Он расхохотался, откинув голову на спинку кресла, закрыл ладонями лицо. Могло показаться, что он плачет от смеха.

Я наблюдала за ним с неприязнью.

- Вы еще убедитесь! Время покажет, кто проиграл войну. Это теперь, пока в Европе такой хаос, чтобы не сказать грубее. Это же самый обычный бардак!

Я снова увидела его рот со сверкающими зубами. В его смехе звучала горечь. Может, даже злость.

- Неужели вы и впрямь верите в существование Трибунала, который в состоянии рассмотреть все преступления немцев? И всего за несколько месяцев, по вашему мнению, можно свести счеты с войной? А потом начнется новая, чистая страница истории?! Ерунда! Бред! Пусть меня кондрашка хватит - это же чистой воды фантазия!

Слышно, как от ударов ветра пронзительно взвизгивают стальные тросы самолета.

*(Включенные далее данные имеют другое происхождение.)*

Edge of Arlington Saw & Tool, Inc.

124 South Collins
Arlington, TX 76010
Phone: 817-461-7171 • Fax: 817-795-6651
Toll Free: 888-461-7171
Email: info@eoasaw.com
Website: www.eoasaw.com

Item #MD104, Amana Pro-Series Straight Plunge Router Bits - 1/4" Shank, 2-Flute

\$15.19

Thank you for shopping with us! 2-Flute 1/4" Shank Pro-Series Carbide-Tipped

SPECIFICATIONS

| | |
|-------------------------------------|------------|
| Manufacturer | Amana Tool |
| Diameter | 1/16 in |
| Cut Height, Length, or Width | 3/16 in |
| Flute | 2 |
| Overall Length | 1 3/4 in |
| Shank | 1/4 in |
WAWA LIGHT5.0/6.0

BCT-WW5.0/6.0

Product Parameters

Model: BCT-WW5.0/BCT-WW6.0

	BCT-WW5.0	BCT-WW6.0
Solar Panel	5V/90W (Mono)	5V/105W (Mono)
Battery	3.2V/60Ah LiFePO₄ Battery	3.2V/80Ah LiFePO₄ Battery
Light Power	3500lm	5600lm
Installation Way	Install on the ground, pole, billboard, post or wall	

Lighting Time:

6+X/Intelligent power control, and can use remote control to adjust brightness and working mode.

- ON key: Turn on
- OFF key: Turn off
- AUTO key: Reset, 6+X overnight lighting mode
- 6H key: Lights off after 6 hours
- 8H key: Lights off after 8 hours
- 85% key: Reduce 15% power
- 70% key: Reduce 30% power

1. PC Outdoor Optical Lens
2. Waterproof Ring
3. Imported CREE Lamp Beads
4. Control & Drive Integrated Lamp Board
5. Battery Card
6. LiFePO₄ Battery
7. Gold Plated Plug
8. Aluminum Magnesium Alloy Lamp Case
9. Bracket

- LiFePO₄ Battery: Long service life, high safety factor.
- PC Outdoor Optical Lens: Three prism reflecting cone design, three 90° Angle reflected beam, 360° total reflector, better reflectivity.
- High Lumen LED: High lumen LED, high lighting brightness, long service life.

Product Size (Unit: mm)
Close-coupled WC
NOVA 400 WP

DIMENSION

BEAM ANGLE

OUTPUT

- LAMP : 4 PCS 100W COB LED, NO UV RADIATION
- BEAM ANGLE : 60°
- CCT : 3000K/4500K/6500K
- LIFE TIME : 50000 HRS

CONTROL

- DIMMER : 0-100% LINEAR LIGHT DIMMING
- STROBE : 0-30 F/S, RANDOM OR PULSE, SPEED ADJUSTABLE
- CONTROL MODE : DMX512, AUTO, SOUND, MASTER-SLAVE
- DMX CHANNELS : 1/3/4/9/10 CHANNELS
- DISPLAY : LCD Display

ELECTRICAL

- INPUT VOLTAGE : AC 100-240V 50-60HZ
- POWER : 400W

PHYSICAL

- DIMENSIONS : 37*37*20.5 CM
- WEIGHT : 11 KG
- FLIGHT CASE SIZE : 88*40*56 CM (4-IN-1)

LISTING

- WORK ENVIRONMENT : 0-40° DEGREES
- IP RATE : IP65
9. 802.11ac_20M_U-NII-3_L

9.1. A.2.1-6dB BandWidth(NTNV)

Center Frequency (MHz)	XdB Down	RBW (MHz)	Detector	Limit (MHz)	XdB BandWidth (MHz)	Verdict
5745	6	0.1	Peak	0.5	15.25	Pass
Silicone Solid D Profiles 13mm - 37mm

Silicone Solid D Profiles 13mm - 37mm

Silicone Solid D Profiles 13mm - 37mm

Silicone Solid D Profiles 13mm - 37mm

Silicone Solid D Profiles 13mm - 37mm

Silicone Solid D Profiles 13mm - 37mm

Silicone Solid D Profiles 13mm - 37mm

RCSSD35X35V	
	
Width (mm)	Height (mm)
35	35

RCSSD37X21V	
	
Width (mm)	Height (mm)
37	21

Порошит мелкий снежок, оседает на проводах, укутывая и утолщая их, но тут же осыпается от малейшего дуновения, нарушая этот белый рисунок.

Пассажиры не двигаются с мест - необходимо уладить еще разные формальности, но всех охватило нетерпение, говорят наперебой, каждый решает международные проблемы.

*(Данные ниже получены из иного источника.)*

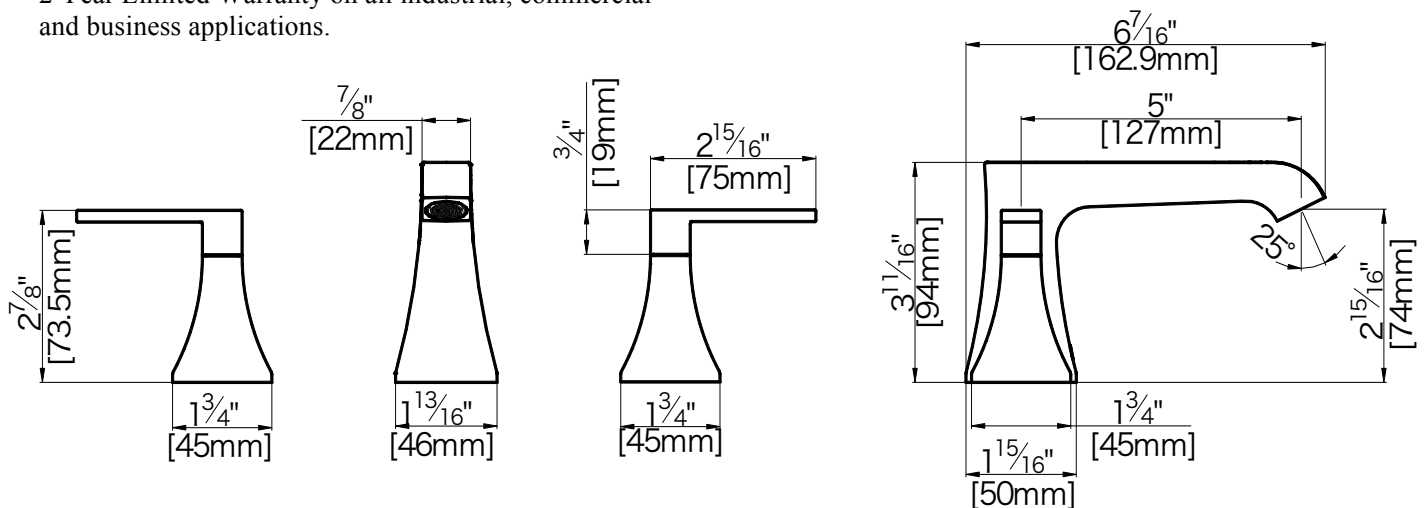

Warranty

- Limited Lifetime Faucet Warranty against material and manufacturing defects for residential use.
- 2 Year Limited Warranty on all industrial, commercial and business applications.

Model: F15006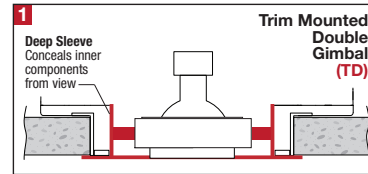

PROJECT	TYPE	CATALOG NUMBER
---------	------	----------------

DESCRIPTION

- Four light square recessed accent / downlight - small size
- All steel 18GA construction with powder coat finish
- 1" Trim flange with 8" x 8" open aperture
- Trim flange removable for maintenance
- Vent holes for cooler operating temperature
- Trim features deep sleeve to conceal inner components
- **Ceiling Cut-Out - 9.12" x 9.50"**

LAMPS (not included)

- 12V MR16 50W max - Derate Labels Available
- CMHMR16 in 20W or 39W
- LED Retrofit 15W max - Works with SORAA®
- Double gimbal lamp holder with up to 40° x 40° tilt aiming
- Trim mounted double gimbal standard with optional single gimbal flush yoke, regressed yoke or adjusting retractable yoke

ELECTRICAL

- Integral electronic or toroidal transformer, metal halide ballast
- Electrical wiring compartment integrated into housing construction
- Thermal protection
- Easy maintenance access through ceiling opening
- Rated for through-branch wiring
- Dimmable (12V)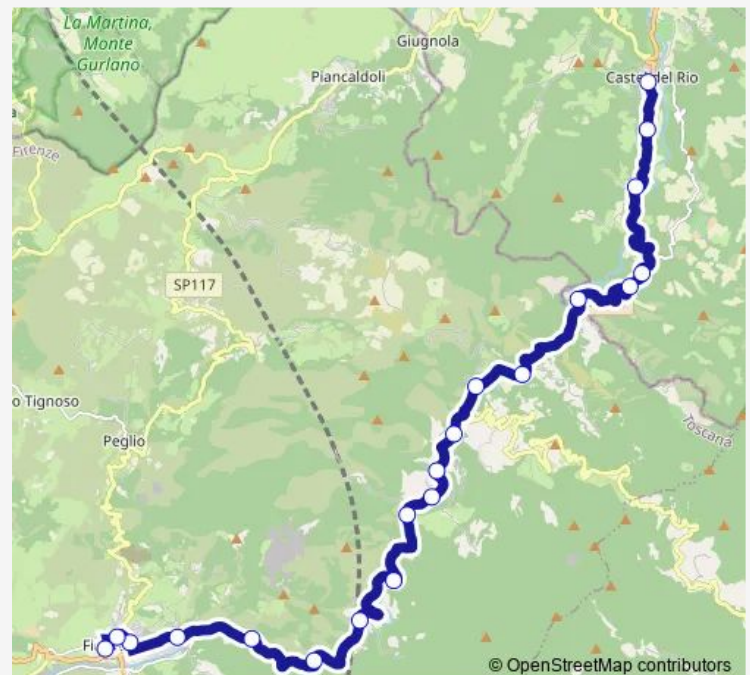

Friday 06:15-17:45

Saturday 06:15-12:45

Sunday —

Route info

Direction: Firenzuola VIA Allende

Stops: 21

Trip Duration: 0 hour 40 min

145 — Castel del Rio - Firenzuola

Valsalva

Valsalva Casino

Moraduccio

Coniale Cimitero Alleato

Rimessa

Coniale

Molinaccio

VAL Pulita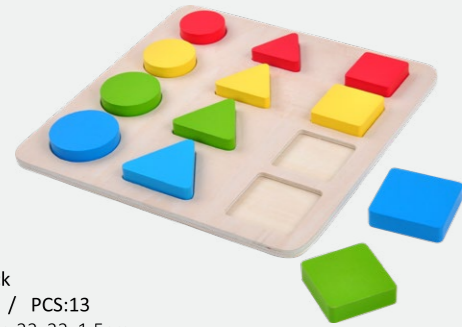

NEW

BLB605-D  
3 in 1 Toy Kit Box  
AGE:18M+ / PCS:7  
Puzzle Size:15x15x2cm  
Color Box:31x6x17cm

NEW

BLB504  
Puzzle & Stacker  
AGE:18M+ / PCS:8  
Product Size:22x22x1.5cm  
Sticker:22x22x1.5cm

NEW

BLB502  
Puzzle & Stacker  
AGE:18M+ / PCS:8  
Product Size:22x22x1.5cm  
Sticker:22x22x1.5cm

NEW

BLB503  
Puzzle & Stacker  
AGE:18M+ / PCS:8  
Product Size:22x22x1.5cm  
Sticker:22x22x1.5cm

**BLA800**  
Shape Block  
AGE:18M+ / PCS:13  
Product Size:22x22x1.5cm  
Color Box:23x23x2.5cm

**BLA803**  
Shape Block  
AGE:18M+ / PCS:10  
Product Size:22x22x1.5cm  
Color Box:23x23x2.5cm

- Я хотел бы быть правильно понятым, - восклицает молодой человек. - Нам следовало бы пойти на значительные уступки, изначально определить более мягкую меру наказания взамен за возможность судить хотя бы нескольких из них в Польше. Я убежден, что Краков - единственное место на земле, где должно слушаться дело Ганса Франка.

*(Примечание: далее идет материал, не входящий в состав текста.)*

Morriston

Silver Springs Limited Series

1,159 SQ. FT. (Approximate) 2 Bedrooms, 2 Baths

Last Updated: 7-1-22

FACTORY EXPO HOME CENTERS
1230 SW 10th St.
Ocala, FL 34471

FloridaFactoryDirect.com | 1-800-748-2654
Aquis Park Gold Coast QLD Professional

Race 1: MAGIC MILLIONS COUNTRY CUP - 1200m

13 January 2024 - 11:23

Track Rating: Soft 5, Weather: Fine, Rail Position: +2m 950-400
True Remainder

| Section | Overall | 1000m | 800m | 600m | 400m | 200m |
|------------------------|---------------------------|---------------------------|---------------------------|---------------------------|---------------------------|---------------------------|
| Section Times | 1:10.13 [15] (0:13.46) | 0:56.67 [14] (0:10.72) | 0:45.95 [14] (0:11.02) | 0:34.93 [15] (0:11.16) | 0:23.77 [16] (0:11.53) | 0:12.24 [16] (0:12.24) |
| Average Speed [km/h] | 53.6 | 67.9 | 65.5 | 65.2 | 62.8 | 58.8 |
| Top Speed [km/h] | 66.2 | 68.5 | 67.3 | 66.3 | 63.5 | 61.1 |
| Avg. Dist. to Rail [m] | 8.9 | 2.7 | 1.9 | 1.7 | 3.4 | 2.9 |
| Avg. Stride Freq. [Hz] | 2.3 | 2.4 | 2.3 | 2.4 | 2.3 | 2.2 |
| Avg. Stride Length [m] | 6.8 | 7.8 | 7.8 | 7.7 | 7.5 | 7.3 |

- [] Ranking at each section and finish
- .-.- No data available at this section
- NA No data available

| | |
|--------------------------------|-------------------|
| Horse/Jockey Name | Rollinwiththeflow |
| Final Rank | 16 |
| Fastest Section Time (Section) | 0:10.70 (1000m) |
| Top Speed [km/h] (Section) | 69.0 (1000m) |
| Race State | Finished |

Он раздраженно бьет кулаком по креслу и явно обращается к Себастьяну, делая долгие паузы в ожидании ответа:

- Разве не Франк отвечает за вывоз и смерть польских ученых? Именно там, где он жестоко расправлялся с народом, там, где он не остановился даже у ворот Ягеллонского университета, согласитесь, именно там надо его судить по законам европейской культуры и этики. Пусть бы и приговор ему вынесли не столь суровый, как в Нюрнберге, но зато Польша показала бы миру его злодеяния. Поверьте: Краков, и только Краков.

Все молчат. Приглушенные шаги американских солдат раздаются все ближе, замерзший снег хрустит под их сапогами, точно сыплющееся зерно.

Послышался равнодушный, с ноткой иронии голос Себастьяна:

- А вы, вероятно, единственный человек на земном шаре, кто бы мог взять на себя проведение этого процесса. Никто, кроме вас, уважаемый судья? Вы же себя видите в этой роли?

По взлетной полосе мы шли к деревянному строению. Молчали. Снег беззвучно покрывал крыши, фонари, заборы. Все вокруг казалось ирреальным, мы не слышали собственных шагов. Единственным звуком было нервное посапывание доктора Оравии.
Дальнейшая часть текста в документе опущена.